Позднее командир передового полка имперской кавалерии клялся святым Акамой, что не отдавал приказа об атаке, а всего лишь хотел передвинуть свой полк чуточку ближе к противнику, дабы хоть на время вывести его из-под обстрела, – а потом уже не мог совладать с накатывающейся на него сзади массой неправильно понявших его всадников. Что до магистра ордена, то с него были взятки гладки, потому что мертвые мало разговорчивы, и неважно – попали ли они под картечь, получили пулю или остались на унганских пиках.
Глагр забыл о больном колене. Случилось то, чего он опасался больше всего и что был бессилен предотвратить. Он лишь разослал всех, кто был под рукой, с категорическим приказом остальным полкам: стоять на месте! ни шагу вперед, ни шагу назад! – и бессильно наблюдал, как бомбарды проклятого еретика осыпают конницу картечью, как в дело вступают ряды унганских аркебузиров, до сих пор удивляющих маршала скоростью и меткостью стрельбы, как перед сильно поредевшей кавалерией, скачущей на врага уже не единой массой, а отдельными кучками, в последний момент вырастает лес пик… и вот уже откатываются в панике жалкие остатки имперской конницы. В тыл болванов! Перегруппироваться, привести себя в порядок и ждать приказа, олухи!
Отлично зная историю войн, Глагр знал и то, сколько сражений было проиграно из-за нелепых случайностей, в число коих, разумеется, входит и несвоевременная инициатива подчиненных!

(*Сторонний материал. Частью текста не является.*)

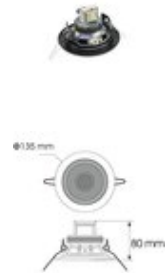

## OMNITRONIC CS-4S Ceiling Speaker black

4" full-range flush-mount speaker, Public address systems 100V, 6 W RMS, Ø 11 cm

Art. No.: 80710205

GTIN: 4026397316957

**List price: 29.63 €**

incl. 19% VAT.

### Features:

- 10 cm full-range speaker (4")
- Easy mounting, similar to standard flush-mount lights
- For speech and background music in indoor PA systems
- Available in various colors
- For application areas such as: Installation; restaurants, bars and hotels; sports centres/gyms

### Logistic

EAN / GTIN: 4026397316957

Weight: 0,75 kg

Length: 0.15 m

Width: 0.15 m

Height: 0.12 m

Color:	Black
Mounting dimensions:	Ø 11 cm
Dimensions:	Depth: 8 cm Diameter: Ø 13,5 cm
Weight:	630 g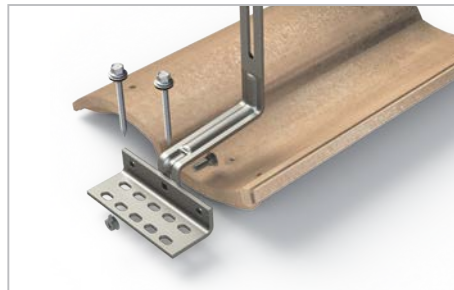

PRO SERIES

SOLARHOOKS

UNIRAC Pro Series **SOLARHOOKS** is a complete line of attachment solutions for tile roofs. Featuring UNIRAC's exclusive **POWERARCH** technology which increases strength by up 60% more than traditional tile hooks, **SOLARHOOKS** are simple to install and designed for maximum convenience. Available in universal designs and in specific shapes for flat, S and W tiles, **SOLARHOOKS** are kitted with stainless lag bolts and have a bead blasted stainless steel finish. With **SOLARHOOKS**, you have everything you need for a quick, professional installation.

NEW & IMPROVED

UP TO 60% STRONGER

Exclusive **POWERARCH** technology ensures no array rattling or broken tiles during high winds.

SIMPLE AND VERSATILE

Multiple hole patterns and slotted connections provide adjustability. Stainless steel lag bolts bring long term peace of mind.

PRO SERIES
SOLARHOOKS

APPLICATION GUIDE

MODEL	SOLARHOOK UNIV SIDE MT CT5	SOLARHOOK FLAT SIDE MT AT1	SOLARHOOK SPANISH SIDE MT CT1	SOLARHOOK FLAT SIDE MT ST1	SOLARHOOK FLAT ADJUSTABLE SIDE MT ST1	SOLARHOOK SPANISH SIDE MT CT2
PART NUMBER	004CT5H	004AT1H	004CT1H	004ST1S	004AST1	004CT2H
MATERIAL	Bead Blasted 304 Stainless Steel	Bead Blasted 304 Stainless Steel	Bead Blasted 304 Stainless Steel	Bead Blasted 304 Stainless Steel	Bead Blasted 304 Stainless Steel	Bead Blasted 304 Stainless Steel
APPLICATION	Best in low – med wind / snow regions	Best in low – med wind / snow regions	Best in low – med wind / snow regions	Best in low – med wind / snow regions	Best in low – med wind / snow regions	Best in low – med wind / snow regions
USES EXISTING TILES	Yes	Yes	Yes	Yes	Yes	Yes
RAIL OR RAIL-LESS	Rail	Rail	Rail	Rail	Rail	Rail
DIRECT MOUNT, NO L-FOOT REQUIRED	✓	✓	✓	✓	✓	✓
ADJUSTABLE	✓				✓	
FLAT TILE	✓	✓		✓	✓	
S TILE	✓		✓			✓
W TILE	✓		✓			
UNIVERSAL TILE	✓					
SIMPLE INSTALLATION	✓	✓	✓	✓	✓	✓
NO TILE MOD. REQUIRED	✓	✓	✓	✓	✓	✓
WARRANTY	25-Year	25-Year	25-Year	25-Year	25-Year	25-Year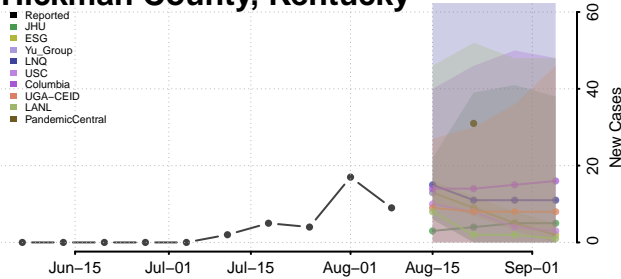

Hickman County, Kentucky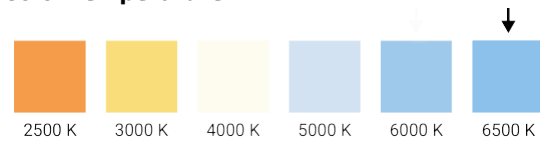

## PURETAPECOB528-COLD

**SKU:** H11252

Cool white 6500 K COB led tape  
5 meter roll - IP20 - 528 LEDs/meter

The COB tape with its 528 LEDs per metre provides a continuous light without a dotted line effect.  
For a very intense and continuous line of light.

**Color temperature :**

**Categories:** [Tapes](#), [Cold white tapes](#)

### General characteristics:

- Monochrome ribbon 528 LEDs/m (2640 LEDs for 5m)
- COB LEDs
- Colour temperature: 6500 K (cool white)
- Brightness: 1619 lumens/m
- CRI : 84
- Power requirement: 15 W/m (75 W for 5 m)
- Required voltage: 24 V (+ and -)
- Variable current: With compatible controller only
- IP20: Not resistant to water splashes

## ADDITIONAL INFORMATION

<b>Input voltage</b>	24 V
<b>Number of LEDs/m</b>	528 LEDs
<b>On-mode power</b>	15 W/m
<b>Efficacité totale (lm/W)</b>	100
<b>Protection class</b>	IP20
<b>LED type</b>	COB
<b>Luminous flux (lm/m)</b>	1619
<b>Energy efficiency class</b>	F
<b>Colour temperature</b>	6500 K
<b>CRI</b>	84
<b>CRI (Minimum)</b>	80
<b>CRI (Maximum)</b>	85
<b>CRI - R9</b>	9
<b>Chromaticity coordinate (x)</b>	0.3094
<b>Chromaticity coordinate (y)</b>	0.3347
<b>Lighting technology used</b>	LED
<b>Non-directional or directional</b>	Non-directional
<b>Angle de faisceau (°)</b>	120°
<b>Mains or non-mains</b>	Non-mains
<b>Connected light source (CLS)</b>	No
<b>Colour-tunable</b>	No
<b>Standby power</b>	
<b>Height (mm)</b>	2
<b>Width (mm)</b>	10
<b>Split length</b>	45 mm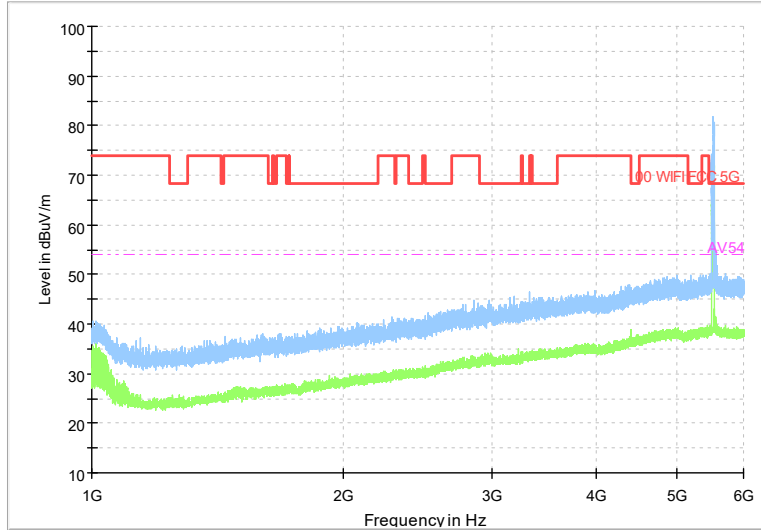

Frequency Range: 30MHz -1GHz
Detector: QP mode
Modulation type: 802.11n(HT40)

Frequency Range: 1GHz -6GHz
Detector: Av mode and PK mode
Modulation type: 802.11n(HT40)

Full Spectrum

Frequency Range: 6GHz -18GHz
Detector: Av mode and PK mode
Modulation type: 802.11n(HT40)

Full Spectrum

Preview Result 2-AVG Preview Result 1-PK+
00 WIFI FCC 5G AV54

Comment

Frequency Range: 18GHz -40GHz
Detector: Av mode and PK mode
Modulation type: 802.11n(HT40)

Full Spectrum

Frequency Range: 30MHz -1GHz
 Detector: QP mode
 Test Mode: 802.11ac(VHT40)

Full Spectrum

Frequency Range: 1GHz -6GHz
 Detector: Av mode and PK mode
 Test Mode: 802.11ac(VHT40)

Full Spectrum

Frequency Range: 6GHz -18GHz
Detector: Av mode and PK mode
Test Mode: 802.11ac(VHT40)

Full Spectrum

А спрос всегда с главнокомандующего. Почему не держал людей в узде? И это после того, как на командные должности неутомимо лезет титулованная знать с длиннейшими родословными и без каких-либо полководческих способностей! Все тащат наверх своих – родственники императора, его жена, его приближенные, его фаворитки, его собутыльники… Император подписывает назначения, и важные посты занимают кичливые ничтожества и воры. Многие храбры, но без мозгов. Кто-то ищет славы, кто-то добычи, кто-то того и другого. Не всякого расстреляешь перед строем за неисполнение приказа. Подлец Барини, надо думать, не знает и сотой доли этих проблем…
Глагр страдал. С пятнадцати лет он занимался только войной, начав службу рядовым в легкоконном полку, но нельзя было сказать, что все это время он видел одно и то же. При Гугуне Великом были иные порядки. Имперская армия била тогда всех – кочевников, непокорных вассалов, рыцарей ордена и уж нечего говорить о крестьянских толпах, предводительствуемых каким-либо нищим дворянином. При Гугуне никто не смел пикнуть. Гугун не стеснялся казнить герцогов. Гугун отыскивал и выдвигал способных людей любого звания. За то и претерпел в конце концов лютую казнь.
А теперь Барини имеет такую армию, какую не худо бы иметь Империи…
– Не следовало ли вам, господин маршал, поддержать атаку нашей кавалерии общим наступлением? – несколько обиженным тоном проговорил император, сильнее обычного оттопыривая губу. Самолюбие монарха очевидным образом страдало.
Глагр отметил, что император сказал «вам», а не «нам». Изнеженный юнец ясно давал понять, кому будет приписана вина за поражение.
– Ни в коем случае, ваше величество… Барини только и ждет этого. На равнине он сильнее нас.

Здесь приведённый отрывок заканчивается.